◆ **THE TASK**: From the line that contains "Tuesday 19:06" to the last line of the entries, write each line out exactly; include both ends and nothing else.

◆ **RECORDS SUPPLIED**:
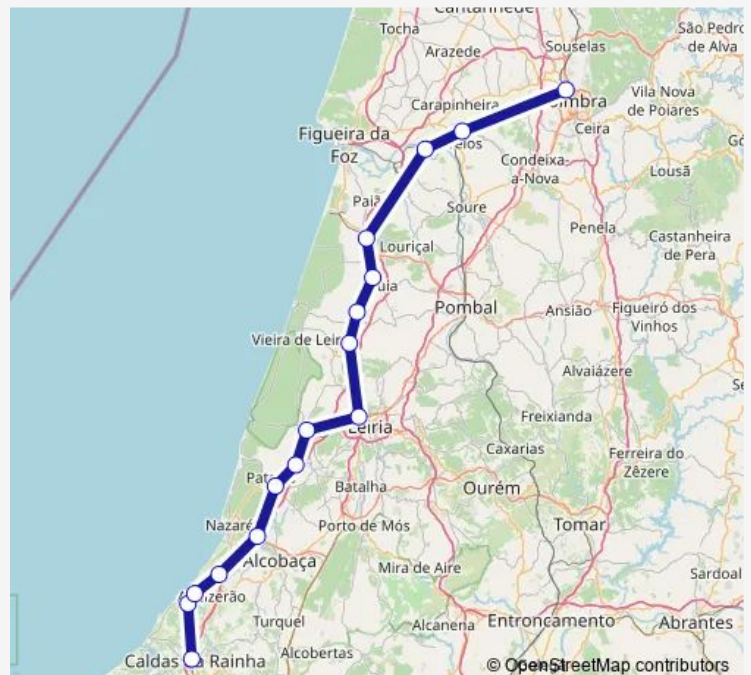

Monday 19:06

Tuesday 19:06

Wednesday 19:06

Thursday 19:06

Friday 19:06

Saturday 19:06

Sunday 19:06

Route info

Direction: Caldas da Rainha

Stops: 16

Trip Duration: 2 hour 8 min

R

Direction

Coimbra-B — Caldas da Rainha

16 stops

[Open route schedule](#)

◆ **RESPONSE TO THE EXERCISE**:
Tuesday 19:06

Wednesday 19:06

Thursday 19:06

Friday 19:06

Saturday 19:06

Sunday 19:06

Route info

Direction: Caldas da Rainha

Stops: 16

Trip Duration: 2 hour 8 min

R

Direction

Coimbra-B — Caldas da Rainha

16 stops

[Open route schedule](#)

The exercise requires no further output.